Russian Twitter Trolls

Inferred Relationships


Inferred relationships are important in graphs. For example, when a Troll account retweets another Troll’s tweet we could say the trolls have an inferred "AMPLIFIED" relationship: one troll is amplifying the message of the other.

Inferred AMPLIFIED relationships exist when a troll account retweets another troll
MATCH p=(r1:Troll)-[:POSTED]->(:Tweet)<-[:RETWEETED]-(:Tweet)<-[:POSTED]-(r2:Troll)
RETURN p LIMIT 1

Graph Algorithms


Graph algorithms are a way to apply analytics to the entire graph to further enhance our understanding of the data. These algorithms fall into three categories:

  • Centrality - What are the most important nodes in the network? PageRank, Betweenness Centrality, Closeness Centrality

  • Community detection - How can the graph be partitioned? Union Find, Louvain, Label Propagation, Connected Components

  • Pathfinding - What are the shortest paths or best routes available given cost? Minimum Weight Spanning Tree, All Pairs- and Single Source- Shortest Path, Dijkstra

We can run these algorithms in Neo4j with Cypher using the Neo4j Graph Algorithms procedures.

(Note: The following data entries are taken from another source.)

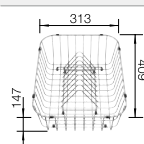

Dessin technique

système d'écoulement compact à encombrement réduit, crépine InFino 3 1/2" avec système d'écoulement (PushControl)

Profondeur 205 mm

Eviers en acier
inoxydable

600 mm

Acc. supplémentaires

Panier à vaisselle avec intégré support assiettes
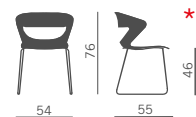

Telaio slitta
Versioni: AV AB AN ACC
Sled frame
Versions: AV AB AN ACC
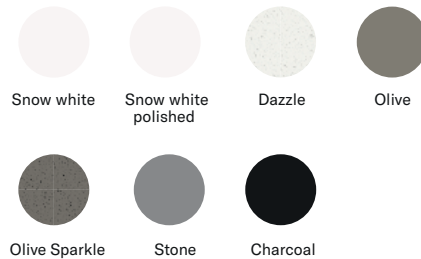

> MEDIDAS EN MM.

IW[®]
INTERNATIONAL
WATER & WELLNESS

reddot winner
brand design

WeAre360°

ACABADOS

CÓDIGOS

Snow white	CIR-S/L-WMAT
Snow white polished	CIR-S/L-WPOL
Dazzle	CIR-S/L-DAZ
Olive	CIR-S/L-OLI
Olive Sparkle	CIR-S/L-OSP
Stone	CIR-S/L-STO
Charcoal	CIR-S/L-CHA

Los colores son referencias aproximadas.
Debido a la naturaleza del producto, acabado a mano,
las dimensiones pueden variar ligeramente.

DATOS TÉCNICOS

Nombre: Circ Sink LSC
Dimensiones: ø495x100mm (ø19"x4").
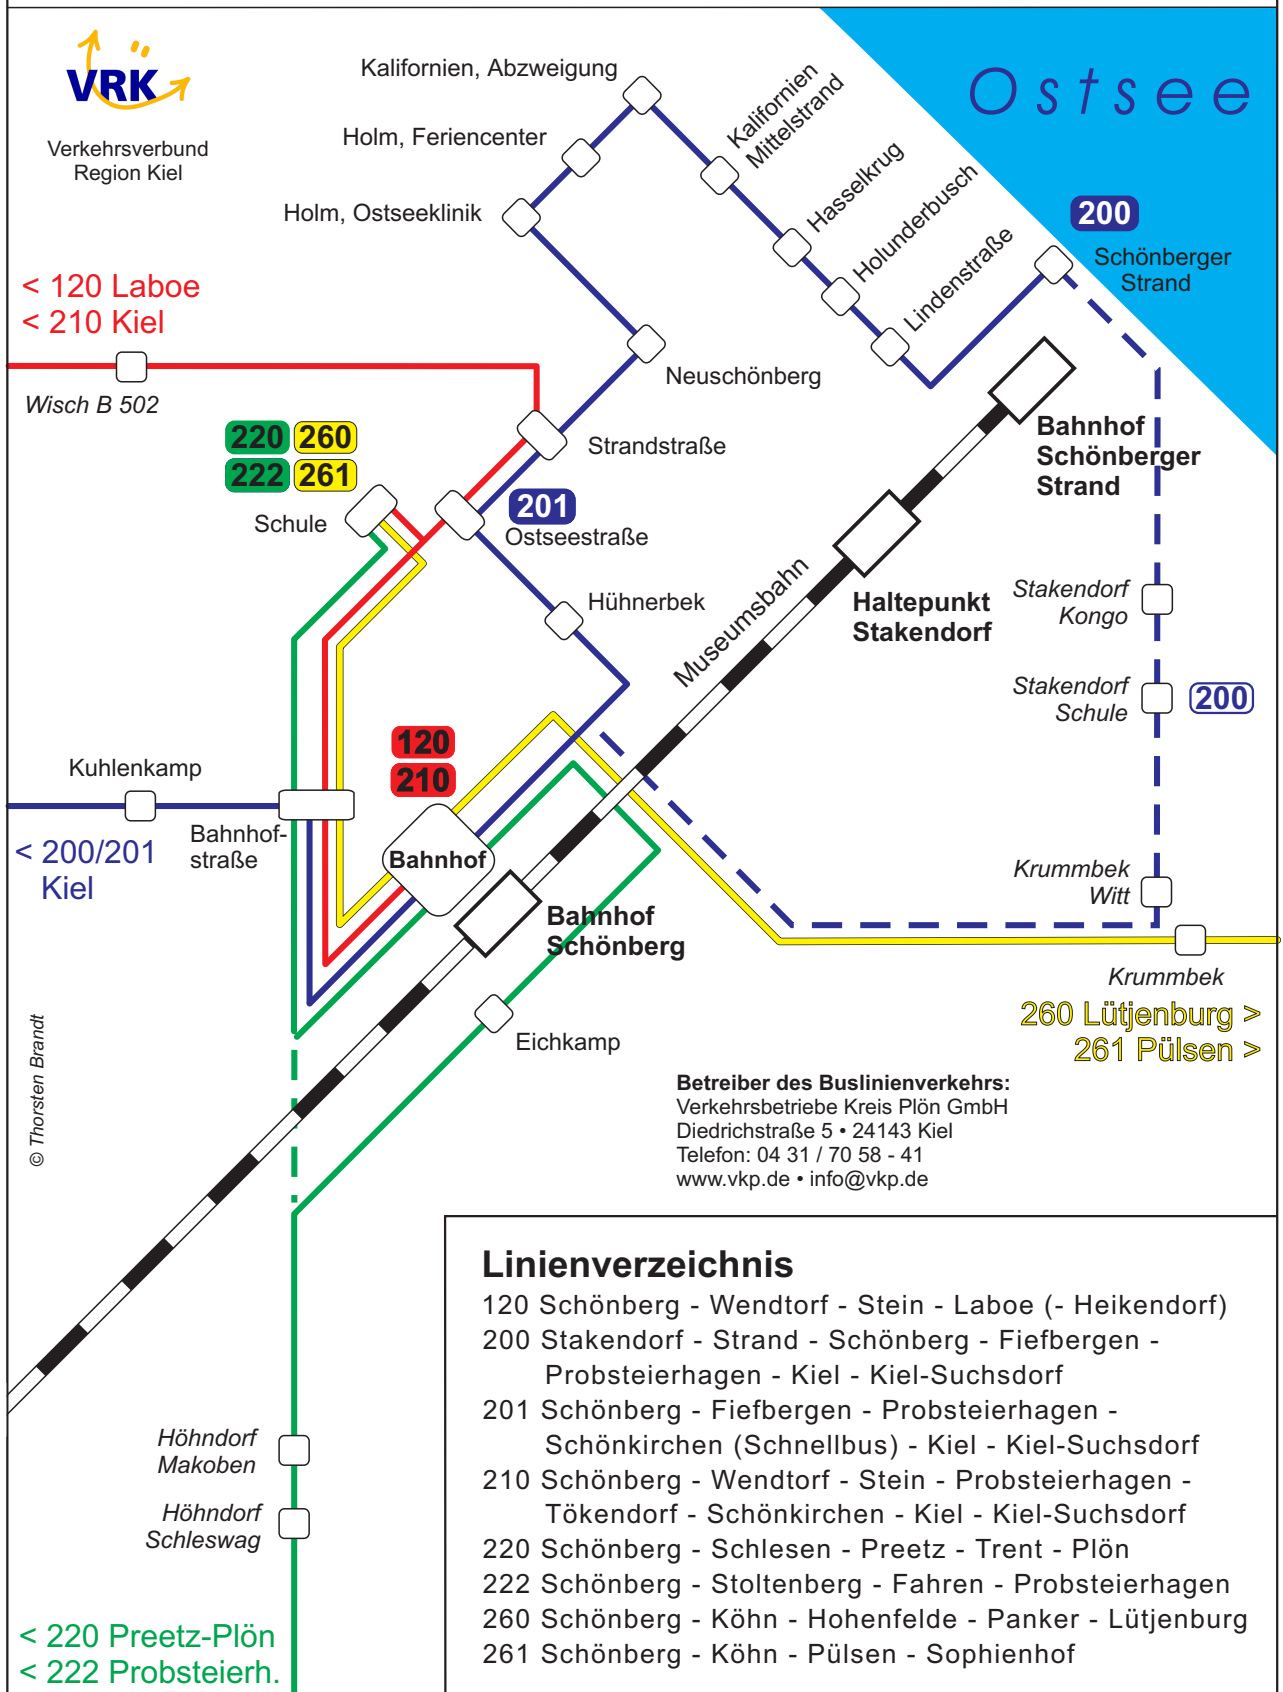

Buslinienverkehr Schönberg

Verkehrsverbund
Region Kiel

< 120 Laboe
< 210 Kiel

© Thorsten Brandt

Betreiber des Buslinienverkehrs:
Verkehrsbetriebe Kreis Plön GmbH
Diedrichstraße 5 • 24143 Kiel
Telefon: 04 31 / 70 58 - 41
www.vkp.de • info@vkp.de

Linienverzeichnis

- 120 Schönberg - Wendtorf - Stein - Laboe (- Heikendorf)
- 200 Stakendorf - Strand - Schönberg - Fiefbergen -
Probsteierhagen - Kiel - Kiel-Suchsdorf
- 201 Schönberg - Fiefbergen - Probsteierhagen -
Schönkirchen (Schnellbus) - Kiel - Kiel-Suchsdorf
- 210 Schönberg - Wendtorf - Stein - Probsteierhagen -
Tökendorf - Schönkirchen - Kiel - Kiel-Suchsdorf
- 220 Schönberg - Schlesien - Preetz - Trent - Plön
- 222 Schönberg - Stoltenberg - Fahren - Probsteierhagen
- 260 Schönberg - Köhn - Hohenfelde - Panker - Lütjenburg
- 261 Schönberg - Köhn - Pülsen - Sophienhof

< 220 Preetz-Plön
< 222 Probsteierh.

See what procedures are available in the algo package
CALL dbms.procedures()
YIELD name, signature, description
WITH * WHERE name STARTS WITH "algo"
RETURN *

Centrality


Let’s run PageRank over this inferred AMPLIFIED graph to find the most influential trolls

Run PageRank over the inferred troll amplification graph. This will write the results back to a pagerank property on the nodes
CALL algo.pageRank("MATCH (t:Troll) RETURN id(t) AS id","MATCH (r1:Troll)-[:POSTED]->(:Tweet)<-[:RETWEETED]-(:Tweet)<-[:POSTED]-(r2:Troll) RETURN id(r2) as source, id(r1) as target", {graph:'cypher'})
Find Trolls with highest PageRank score
MATCH (t:Troll) WHERE EXISTS(t.pagerank)
RETURN t.screen_name AS troll, t.pagerank AS pagerank ORDER BY pagerank DESC LIMIT 25
What are the top trolls tweeting about?
MATCH (t:Troll) WHERE EXISTS(t.pagerank)
WITH t ORDER BY t.pagerank LIMIT 25
MATCH (t)-[:POSTED]->(tw:Tweet)-[:HAS_TAG]-(ht:Hashtag)
RETURN ht.tag, COUNT(tw) AS num ORDER BY num DESC LIMIT 25

PageRank is a recursive graph algorithm that defines the importance of a node proportional to the importance and number of connected nodes in the graph.

Community Detection


We can also run community detection over this inferred AMPLIFIED graph to see how the graph is partitioned

Partition the graph into communities using the Label Propagation algorithm. An additional property community is added to each node specifying the community it has been assgined to by the algorithm.
CALL algo.labelPropagation("MATCH (t:Troll) RETURN id(t) AS id","MATCH (r1:Troll)-[:POSTED]->(t:Tweet)<-[:RETWEETED]-(:Tweet)<-[:POSTED]-(r2:Troll) RETURN id(r2) AS source, id(r1) AS target, COUNT(t) AS weight","OUTGOING",   {graph:'cypher', write: true, iterations: 200})

We can then see which Trolls were assigned to each community:

MATCH (t:Troll) WHERE EXISTS(t.partition)
RETURN COLLECT(t.screen_name) AS members, t.partition AS community
ORDER BY SIZE(members) DESC LIMIT 10

And finally, we can see if there are certain themes that each community was focused on, by inspecting the most common hashtags used by each community:

MATCH (t:Troll) WHERE EXISTS(t.partition)
WITH COLLECT(t) AS members, t.partition AS community
ORDER BY SIZE(members) DESC LIMIT 10
UNWIND members AS t
MATCH (t)-[:POSTED]->(tw:Tweet)-[:HAS_TAG]->(ht:Hashtag)
WITH community, ht.tag AS tag, COUNT(tw) AS num ORDER BY num DESC
RETURN community, COLLECT(tag)[..10] AS toptags
LIMIT 10

Graph Visualization


Graph visualization is an important tool for interpreting the results of graph algorithms. Specifically:

  • Node size relative to centrality

  • Node color specific to community detection

  • Relationship thickness relative to weight

Try using Neovis.js to visualize the results of the graph algorithms we just ran here.